→ Work to complete
If a line in the records below includes the word "Series", count it, then give the total and nothing else.

-.-.-

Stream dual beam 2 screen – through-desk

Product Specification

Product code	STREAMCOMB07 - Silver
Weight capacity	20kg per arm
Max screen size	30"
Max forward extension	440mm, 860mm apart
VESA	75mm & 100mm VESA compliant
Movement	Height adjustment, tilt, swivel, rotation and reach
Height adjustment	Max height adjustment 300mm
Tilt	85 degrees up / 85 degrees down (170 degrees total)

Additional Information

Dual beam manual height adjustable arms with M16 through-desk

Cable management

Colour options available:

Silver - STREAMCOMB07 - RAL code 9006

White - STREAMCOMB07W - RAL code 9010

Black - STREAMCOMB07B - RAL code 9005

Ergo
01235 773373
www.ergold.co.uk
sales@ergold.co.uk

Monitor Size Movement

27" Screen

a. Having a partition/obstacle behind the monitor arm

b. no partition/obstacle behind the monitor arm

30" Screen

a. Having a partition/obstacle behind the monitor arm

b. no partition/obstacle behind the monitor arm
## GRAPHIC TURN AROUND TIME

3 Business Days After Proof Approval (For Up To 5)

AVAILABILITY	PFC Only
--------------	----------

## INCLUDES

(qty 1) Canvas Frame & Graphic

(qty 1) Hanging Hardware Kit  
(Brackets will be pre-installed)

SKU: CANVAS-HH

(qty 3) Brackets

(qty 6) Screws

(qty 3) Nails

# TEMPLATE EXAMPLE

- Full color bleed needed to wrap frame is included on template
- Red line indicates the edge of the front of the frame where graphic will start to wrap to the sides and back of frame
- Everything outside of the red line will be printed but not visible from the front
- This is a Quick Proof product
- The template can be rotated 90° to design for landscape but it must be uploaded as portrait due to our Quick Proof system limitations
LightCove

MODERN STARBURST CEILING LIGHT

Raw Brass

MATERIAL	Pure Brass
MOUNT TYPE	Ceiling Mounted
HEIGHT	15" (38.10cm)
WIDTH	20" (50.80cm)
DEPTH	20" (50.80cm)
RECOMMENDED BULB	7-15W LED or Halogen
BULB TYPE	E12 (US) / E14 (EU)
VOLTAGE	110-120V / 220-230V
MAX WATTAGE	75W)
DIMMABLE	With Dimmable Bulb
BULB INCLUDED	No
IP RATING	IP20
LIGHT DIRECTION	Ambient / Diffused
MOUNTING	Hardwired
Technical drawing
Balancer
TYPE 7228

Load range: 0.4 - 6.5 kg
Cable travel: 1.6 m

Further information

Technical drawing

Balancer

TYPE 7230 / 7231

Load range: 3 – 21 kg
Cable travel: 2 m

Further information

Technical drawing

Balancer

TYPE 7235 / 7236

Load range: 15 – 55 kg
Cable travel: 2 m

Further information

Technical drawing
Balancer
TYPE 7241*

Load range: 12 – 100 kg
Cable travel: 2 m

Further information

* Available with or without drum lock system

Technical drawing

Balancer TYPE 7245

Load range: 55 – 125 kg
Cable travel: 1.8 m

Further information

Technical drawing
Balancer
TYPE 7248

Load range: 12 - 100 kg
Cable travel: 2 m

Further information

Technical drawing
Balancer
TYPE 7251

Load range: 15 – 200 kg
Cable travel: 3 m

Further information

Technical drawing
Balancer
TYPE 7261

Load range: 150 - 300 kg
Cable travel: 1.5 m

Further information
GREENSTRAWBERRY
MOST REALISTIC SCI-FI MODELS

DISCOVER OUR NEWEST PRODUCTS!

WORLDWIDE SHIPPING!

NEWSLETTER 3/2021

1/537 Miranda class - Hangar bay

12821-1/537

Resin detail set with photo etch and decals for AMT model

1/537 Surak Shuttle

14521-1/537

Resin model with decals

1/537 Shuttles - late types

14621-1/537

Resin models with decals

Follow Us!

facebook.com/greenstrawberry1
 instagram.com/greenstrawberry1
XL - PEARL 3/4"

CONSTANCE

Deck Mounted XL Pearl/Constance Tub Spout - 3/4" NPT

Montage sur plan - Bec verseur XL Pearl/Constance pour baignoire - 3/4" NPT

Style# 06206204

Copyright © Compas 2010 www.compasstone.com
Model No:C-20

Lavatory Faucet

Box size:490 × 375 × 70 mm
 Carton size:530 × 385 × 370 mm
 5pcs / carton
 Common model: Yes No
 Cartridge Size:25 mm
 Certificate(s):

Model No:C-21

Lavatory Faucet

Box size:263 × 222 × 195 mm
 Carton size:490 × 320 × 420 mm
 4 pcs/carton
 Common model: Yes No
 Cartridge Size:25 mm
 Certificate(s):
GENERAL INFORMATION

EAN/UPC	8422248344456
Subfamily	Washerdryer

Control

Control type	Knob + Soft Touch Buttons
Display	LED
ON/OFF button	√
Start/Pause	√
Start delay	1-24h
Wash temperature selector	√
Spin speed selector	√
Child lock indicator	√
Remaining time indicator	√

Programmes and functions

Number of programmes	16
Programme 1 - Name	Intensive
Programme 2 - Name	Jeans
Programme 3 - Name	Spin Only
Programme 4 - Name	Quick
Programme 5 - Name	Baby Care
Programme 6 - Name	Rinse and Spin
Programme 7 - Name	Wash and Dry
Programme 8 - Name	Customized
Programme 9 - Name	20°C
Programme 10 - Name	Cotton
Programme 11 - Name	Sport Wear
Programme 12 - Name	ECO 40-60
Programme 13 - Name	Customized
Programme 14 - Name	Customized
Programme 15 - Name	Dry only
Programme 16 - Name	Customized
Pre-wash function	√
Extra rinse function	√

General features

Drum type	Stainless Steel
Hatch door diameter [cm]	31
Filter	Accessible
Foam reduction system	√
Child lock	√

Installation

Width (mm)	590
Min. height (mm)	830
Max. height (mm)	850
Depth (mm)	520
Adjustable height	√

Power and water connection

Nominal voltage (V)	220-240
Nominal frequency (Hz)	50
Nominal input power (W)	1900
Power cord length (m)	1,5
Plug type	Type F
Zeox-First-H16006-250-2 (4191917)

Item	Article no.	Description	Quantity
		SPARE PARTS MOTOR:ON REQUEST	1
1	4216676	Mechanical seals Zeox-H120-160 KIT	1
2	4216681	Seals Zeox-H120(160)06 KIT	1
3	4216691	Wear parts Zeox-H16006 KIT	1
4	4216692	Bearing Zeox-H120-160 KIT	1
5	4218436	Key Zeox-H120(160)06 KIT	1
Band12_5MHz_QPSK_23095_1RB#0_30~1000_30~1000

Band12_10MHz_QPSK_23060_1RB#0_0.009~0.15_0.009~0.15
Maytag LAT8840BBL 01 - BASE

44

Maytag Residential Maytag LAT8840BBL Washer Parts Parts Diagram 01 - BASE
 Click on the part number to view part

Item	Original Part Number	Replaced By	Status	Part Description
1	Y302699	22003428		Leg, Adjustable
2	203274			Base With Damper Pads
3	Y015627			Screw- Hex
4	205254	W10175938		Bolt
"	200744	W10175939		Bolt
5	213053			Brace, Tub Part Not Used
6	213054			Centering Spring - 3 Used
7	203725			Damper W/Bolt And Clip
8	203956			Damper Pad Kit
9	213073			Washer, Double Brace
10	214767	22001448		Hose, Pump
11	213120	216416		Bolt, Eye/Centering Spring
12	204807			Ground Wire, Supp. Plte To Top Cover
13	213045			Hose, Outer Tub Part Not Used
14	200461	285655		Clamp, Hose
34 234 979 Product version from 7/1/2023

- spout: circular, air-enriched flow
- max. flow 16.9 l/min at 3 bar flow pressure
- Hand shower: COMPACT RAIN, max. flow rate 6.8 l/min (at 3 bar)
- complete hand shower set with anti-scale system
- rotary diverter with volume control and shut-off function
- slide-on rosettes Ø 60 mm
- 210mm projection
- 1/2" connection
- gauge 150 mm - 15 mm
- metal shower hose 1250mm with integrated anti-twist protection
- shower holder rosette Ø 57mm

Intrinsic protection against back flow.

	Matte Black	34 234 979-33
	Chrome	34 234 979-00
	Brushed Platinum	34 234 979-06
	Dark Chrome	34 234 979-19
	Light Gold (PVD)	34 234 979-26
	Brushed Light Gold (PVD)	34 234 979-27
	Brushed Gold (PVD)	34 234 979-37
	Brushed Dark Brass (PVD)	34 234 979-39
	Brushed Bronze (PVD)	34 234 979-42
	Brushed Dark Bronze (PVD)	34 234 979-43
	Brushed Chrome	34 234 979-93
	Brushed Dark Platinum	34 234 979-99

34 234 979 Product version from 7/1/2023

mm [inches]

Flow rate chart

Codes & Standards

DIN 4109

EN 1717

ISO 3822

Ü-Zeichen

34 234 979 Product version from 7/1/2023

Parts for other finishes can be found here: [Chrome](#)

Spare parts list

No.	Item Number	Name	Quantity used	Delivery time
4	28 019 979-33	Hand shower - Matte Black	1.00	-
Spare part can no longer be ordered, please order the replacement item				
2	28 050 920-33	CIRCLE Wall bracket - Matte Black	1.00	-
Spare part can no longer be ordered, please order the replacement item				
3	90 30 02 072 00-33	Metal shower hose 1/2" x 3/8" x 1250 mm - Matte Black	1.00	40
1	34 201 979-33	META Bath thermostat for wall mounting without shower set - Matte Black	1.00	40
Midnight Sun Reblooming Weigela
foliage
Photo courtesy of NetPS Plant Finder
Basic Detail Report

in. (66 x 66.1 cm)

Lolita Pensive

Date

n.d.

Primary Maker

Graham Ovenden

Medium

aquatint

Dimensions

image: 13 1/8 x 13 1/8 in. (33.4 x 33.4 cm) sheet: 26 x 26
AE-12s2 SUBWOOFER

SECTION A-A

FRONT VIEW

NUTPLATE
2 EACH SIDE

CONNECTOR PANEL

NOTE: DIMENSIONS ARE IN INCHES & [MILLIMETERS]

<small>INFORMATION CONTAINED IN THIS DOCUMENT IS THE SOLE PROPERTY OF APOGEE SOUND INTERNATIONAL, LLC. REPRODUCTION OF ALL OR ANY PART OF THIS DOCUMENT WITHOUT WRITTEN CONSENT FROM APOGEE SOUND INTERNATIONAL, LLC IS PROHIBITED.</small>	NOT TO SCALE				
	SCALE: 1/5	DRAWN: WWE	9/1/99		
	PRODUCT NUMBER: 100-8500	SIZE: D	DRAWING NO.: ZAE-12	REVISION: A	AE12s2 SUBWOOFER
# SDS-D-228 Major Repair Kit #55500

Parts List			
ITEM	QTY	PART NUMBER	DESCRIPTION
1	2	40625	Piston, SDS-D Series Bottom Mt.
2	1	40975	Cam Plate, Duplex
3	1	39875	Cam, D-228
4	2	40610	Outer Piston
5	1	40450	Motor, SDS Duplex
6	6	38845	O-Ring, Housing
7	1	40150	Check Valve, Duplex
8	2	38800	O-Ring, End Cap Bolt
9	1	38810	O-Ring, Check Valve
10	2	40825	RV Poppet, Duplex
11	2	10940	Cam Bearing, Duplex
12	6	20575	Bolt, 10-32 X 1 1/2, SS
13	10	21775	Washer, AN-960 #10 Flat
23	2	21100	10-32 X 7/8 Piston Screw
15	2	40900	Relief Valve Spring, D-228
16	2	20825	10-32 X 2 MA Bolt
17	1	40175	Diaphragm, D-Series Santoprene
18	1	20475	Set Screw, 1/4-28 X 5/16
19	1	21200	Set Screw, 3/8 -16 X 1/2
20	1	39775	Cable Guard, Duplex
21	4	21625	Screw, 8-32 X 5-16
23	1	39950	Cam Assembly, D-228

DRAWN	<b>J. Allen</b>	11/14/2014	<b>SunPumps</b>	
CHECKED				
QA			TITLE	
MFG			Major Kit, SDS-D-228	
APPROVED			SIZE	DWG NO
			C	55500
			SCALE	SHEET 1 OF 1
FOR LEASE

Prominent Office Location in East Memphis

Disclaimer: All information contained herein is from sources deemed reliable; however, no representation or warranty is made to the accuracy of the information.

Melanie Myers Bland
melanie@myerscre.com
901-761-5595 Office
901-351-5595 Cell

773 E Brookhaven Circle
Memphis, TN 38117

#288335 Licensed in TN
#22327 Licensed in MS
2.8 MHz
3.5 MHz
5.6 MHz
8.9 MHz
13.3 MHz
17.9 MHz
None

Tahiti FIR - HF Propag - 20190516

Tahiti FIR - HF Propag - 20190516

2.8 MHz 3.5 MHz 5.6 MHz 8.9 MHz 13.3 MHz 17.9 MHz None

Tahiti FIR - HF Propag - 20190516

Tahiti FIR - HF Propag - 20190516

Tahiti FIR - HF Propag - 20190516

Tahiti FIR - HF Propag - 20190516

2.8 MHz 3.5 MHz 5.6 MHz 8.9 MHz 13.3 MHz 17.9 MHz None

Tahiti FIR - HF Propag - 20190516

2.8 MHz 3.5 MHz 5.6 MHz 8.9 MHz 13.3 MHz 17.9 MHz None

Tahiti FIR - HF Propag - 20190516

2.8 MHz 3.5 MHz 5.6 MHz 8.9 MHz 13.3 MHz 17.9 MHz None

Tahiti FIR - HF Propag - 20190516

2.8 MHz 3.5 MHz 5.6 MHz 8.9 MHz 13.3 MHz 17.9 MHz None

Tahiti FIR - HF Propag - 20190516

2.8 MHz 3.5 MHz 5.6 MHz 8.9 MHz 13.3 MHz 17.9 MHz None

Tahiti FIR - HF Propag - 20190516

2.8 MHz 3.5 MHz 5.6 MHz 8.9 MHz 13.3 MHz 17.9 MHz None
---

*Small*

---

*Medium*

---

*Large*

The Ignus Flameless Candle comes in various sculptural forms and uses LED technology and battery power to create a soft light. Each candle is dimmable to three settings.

-.-.-

→ Response to the exercise
2